What is being asked:
Start to finish, retype the entries exactly while omitting the pictures.

Stored items from a collection:
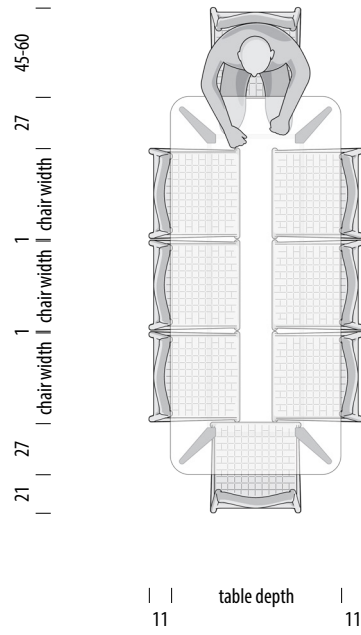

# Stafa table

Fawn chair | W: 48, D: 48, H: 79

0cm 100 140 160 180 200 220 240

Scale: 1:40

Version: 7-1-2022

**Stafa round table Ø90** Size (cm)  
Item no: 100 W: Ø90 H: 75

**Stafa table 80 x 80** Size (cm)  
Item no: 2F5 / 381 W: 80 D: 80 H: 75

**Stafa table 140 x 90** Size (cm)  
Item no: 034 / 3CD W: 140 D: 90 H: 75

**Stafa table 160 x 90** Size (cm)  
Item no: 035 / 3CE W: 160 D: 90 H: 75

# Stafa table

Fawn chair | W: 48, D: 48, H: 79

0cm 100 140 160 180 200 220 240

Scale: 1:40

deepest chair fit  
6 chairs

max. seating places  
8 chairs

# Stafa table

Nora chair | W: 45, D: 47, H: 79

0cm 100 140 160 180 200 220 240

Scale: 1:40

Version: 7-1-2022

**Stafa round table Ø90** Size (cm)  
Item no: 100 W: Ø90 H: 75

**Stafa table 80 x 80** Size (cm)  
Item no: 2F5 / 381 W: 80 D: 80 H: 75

Answer:
# Stafa table

Fawn chair | W: 48, D: 48, H: 79

0cm 100 140 160 180 200 220 240

Scale: 1:40

Version: 7-1-2022

**Stafa round table Ø90** Size (cm)  
Item no: 100 W: Ø90 H: 75

**Stafa table 80 x 80** Size (cm)  
Item no: 2F5 / 381 W: 80 D: 80 H: 75

**Stafa table 140 x 90** Size (cm)  
Item no: 034 / 3CD W: 140 D: 90 H: 75

**Stafa table 160 x 90** Size (cm)  
Item no: 035 / 3CE W: 160 D: 90 H: 75

# Stafa table

Fawn chair | W: 48, D: 48, H: 79

0cm 100 140 160 180 200 220 240

Scale: 1:40

deepest chair fit  
6 chairs

max. seating places  
8 chairs

# Stafa table

Nora chair | W: 45, D: 47, H: 79

0cm 100 140 160 180 200 220 240

Scale: 1:40

Version: 7-1-2022

**Stafa round table Ø90** Size (cm)  
Item no: 100 W: Ø90 H: 75

**Stafa table 80 x 80** Size (cm)  
Item no: 2F5 / 381 W: 80 D: 80 H: 75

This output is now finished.